1/2[1-1/5x+1/100x²+4+1+1/5x+1/100x²]

1/2（6+2/100x²）

3+x²/100

3.（a+b）^1=a+b

a+b）^2=a²+2ab+b²

a+b）^3=a^3+3a²b+3ab²+b^3

a+b）^5=a^5+5a^4b+10a^3b^2+10a^2b^3+5ab^4+b^5

n2=m+2

m²-n²=（m-n）（m+n）=n+2-m-2=n-m

So m+n=-1

m3-2mn+n3

m*m²-2mn+n*n²

m（n+2）-2mn+n（m+2）

mn+2m-2mn+mn+2n

2m+2n=-2

x +2xy+y -a(x+y)+16=(x+y) -a(x+y)+16, i.e. (x+y) -a(x+y)+16 is a perfectly squared test, so x+y=t

So t -at+16=t -at+4 , so 2 1 4=|-a|

So a = 8 or -8

x+y)^2-a(x+y)+4^2

Let x+y=q

q^2-aq+4^2

It's easy.

q+4) 2 or (q-4) 2

Count yourself as A

xx+2xy+yy-a(x+y)+16=(x+y)(x+y)-a(x+y)+16

Because it's completely flat.

So =(x+y+4)(x+y+4)=(x+y)(x+y)-a(x+y)+16

So a=8

And a= -8 also holds.

So a=8

This is also written by myself, I should be right, I hope it can help you, I'm also a sophomore in junior high school (*

If you think about it this way, if x+y is an unknown variable b, i.e., let x+y=b, then your problem becomes that if b 2+ab+16 is a perfect flat method, and the formula of the perfect flat method is a 2+2ab+b 2 or a 2-2ab+b 2, you can find a=b and b=4 substitution is not difficult to calculate a=8 or -8

Original = (x+y) -a(x+y)+4

Think of (x+y) as a whole, because it's perfectly flat.

So 2 1 4 = a

So a=8

1. Let both sides be x y. According to the Pythagorean theorem: x 2 + y 2 = 10000 x y = 4800

How to solve this equation, I thought of a simple way, (x+y) 2=x 2+y 2+2xy, you know (x+y) 2=19600, and then the root number, calculate x+y, the perimeter is 2(x+y), bring it in and calculate, I say this, can you understand.

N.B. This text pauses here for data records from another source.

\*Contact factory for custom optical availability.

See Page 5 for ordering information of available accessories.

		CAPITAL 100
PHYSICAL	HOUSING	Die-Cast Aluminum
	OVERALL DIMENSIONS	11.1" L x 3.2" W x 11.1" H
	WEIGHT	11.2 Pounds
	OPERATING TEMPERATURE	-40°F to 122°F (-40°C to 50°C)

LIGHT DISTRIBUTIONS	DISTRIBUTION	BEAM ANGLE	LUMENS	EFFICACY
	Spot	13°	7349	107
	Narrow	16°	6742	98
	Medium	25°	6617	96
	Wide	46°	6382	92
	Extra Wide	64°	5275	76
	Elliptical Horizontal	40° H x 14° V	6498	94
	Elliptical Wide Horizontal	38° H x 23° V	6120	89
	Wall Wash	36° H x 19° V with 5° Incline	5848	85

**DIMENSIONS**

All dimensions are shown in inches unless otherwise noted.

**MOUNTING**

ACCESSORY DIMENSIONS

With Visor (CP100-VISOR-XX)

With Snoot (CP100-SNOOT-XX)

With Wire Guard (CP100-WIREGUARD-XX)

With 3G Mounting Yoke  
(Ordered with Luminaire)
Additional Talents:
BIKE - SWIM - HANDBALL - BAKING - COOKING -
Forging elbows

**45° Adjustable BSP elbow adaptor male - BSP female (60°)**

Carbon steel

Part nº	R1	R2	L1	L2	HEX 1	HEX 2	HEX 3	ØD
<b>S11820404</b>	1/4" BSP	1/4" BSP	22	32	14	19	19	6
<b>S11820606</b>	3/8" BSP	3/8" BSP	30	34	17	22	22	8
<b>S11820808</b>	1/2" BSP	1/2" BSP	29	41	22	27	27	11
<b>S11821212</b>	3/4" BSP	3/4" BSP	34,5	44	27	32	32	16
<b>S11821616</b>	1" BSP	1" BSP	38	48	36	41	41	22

2. x 2+y 2=2500 x+y+50=120, the same is true for solving this problem, but replacing x+y with xy, I think the reason why you are asking is because you don't know how to solve this equation.

It's so simple that you ask. Pythagorean theorem has no ?。。

1. Let both sides be x y. According to the Pythagorean theorem: x 2 + y 2 = 10000 x y = 4800

Solve the equation and you're good to go.

2: Hook 3 strands 4 strings 5. You'll know the answer at a glance.

According to the Pythagorean theorem, the equation is solved again according to the Pythagorean theorem x 2+y 2=2500 x+y+50=120.

This is a one-time function, let y=kx+b substitute two points (,64)(2,60) to get k=-20 b=100, so y=-20x+100

The inverse proportional relationship decreases because x increases and y decreases.